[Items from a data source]
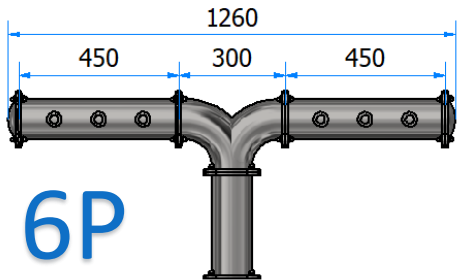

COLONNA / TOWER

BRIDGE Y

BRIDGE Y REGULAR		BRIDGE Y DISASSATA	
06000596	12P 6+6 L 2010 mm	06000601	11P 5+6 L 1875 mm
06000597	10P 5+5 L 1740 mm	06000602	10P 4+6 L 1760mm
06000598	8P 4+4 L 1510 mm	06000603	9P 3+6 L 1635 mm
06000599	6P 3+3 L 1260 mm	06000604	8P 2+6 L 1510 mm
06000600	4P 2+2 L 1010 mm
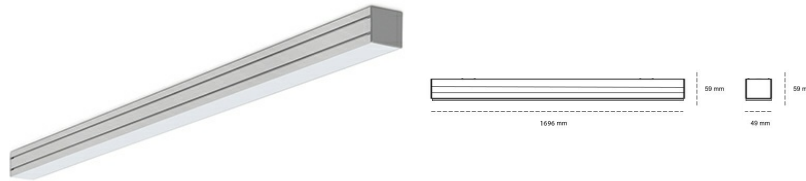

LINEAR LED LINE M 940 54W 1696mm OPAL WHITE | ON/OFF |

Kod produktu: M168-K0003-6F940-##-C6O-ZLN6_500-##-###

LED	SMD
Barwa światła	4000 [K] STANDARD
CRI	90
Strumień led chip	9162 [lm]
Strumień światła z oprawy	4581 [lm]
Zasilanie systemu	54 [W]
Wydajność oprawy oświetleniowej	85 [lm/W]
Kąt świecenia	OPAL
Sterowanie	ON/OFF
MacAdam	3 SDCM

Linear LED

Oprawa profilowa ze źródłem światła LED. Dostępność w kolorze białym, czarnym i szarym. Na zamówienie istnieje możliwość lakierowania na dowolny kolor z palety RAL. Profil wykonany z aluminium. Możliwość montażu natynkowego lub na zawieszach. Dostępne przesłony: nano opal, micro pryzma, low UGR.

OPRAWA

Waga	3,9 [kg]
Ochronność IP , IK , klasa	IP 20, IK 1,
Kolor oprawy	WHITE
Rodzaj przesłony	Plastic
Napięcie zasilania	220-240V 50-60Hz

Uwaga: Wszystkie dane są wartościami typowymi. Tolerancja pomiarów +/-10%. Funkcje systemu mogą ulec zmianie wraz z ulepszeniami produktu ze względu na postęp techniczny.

**WHAT IS REQUIRED**
Write out again only the lines from the one with "LINEAR LED LINE" through the last line of the records above. Keep every word as it stands.

**RESPONSE TO THE TASK**
LINEAR LED LINE M 940 54W 1696mm OPAL WHITE | ON/OFF |

Kod produktu: M168-K0003-6F940-##-C6O-ZLN6_500-##-###

LED	SMD
Barwa światła	4000 [K] STANDARD
CRI	90
Strumień led chip	9162 [lm]
Strumień światła z oprawy	4581 [lm]
Zasilanie systemu	54 [W]
Wydajność oprawy oświetleniowej	85 [lm/W]
Kąt świecenia	OPAL
Sterowanie	ON/OFF
MacAdam	3 SDCM

Linear LED

Oprawa profilowa ze źródłem światła LED. Dostępność w kolorze białym, czarnym i szarym. Na zamówienie istnieje możliwość lakierowania na dowolny kolor z palety RAL. Profil wykonany z aluminium. Możliwość montażu natynkowego lub na zawieszach. Dostępne przesłony: nano opal, micro pryzma, low UGR.

OPRAWA

Waga	3,9 [kg]
Ochronność IP , IK , klasa	IP 20, IK 1,
Kolor oprawy	WHITE
Rodzaj przesłony	Plastic
Napięcie zasilania	220-240V 50-60Hz

Uwaga: Wszystkie dane są wartościami typowymi. Tolerancja pomiarów +/-10%. Funkcje systemu mogą ulec zmianie wraz z ulepszeniami produktu ze względu na postęp techniczny.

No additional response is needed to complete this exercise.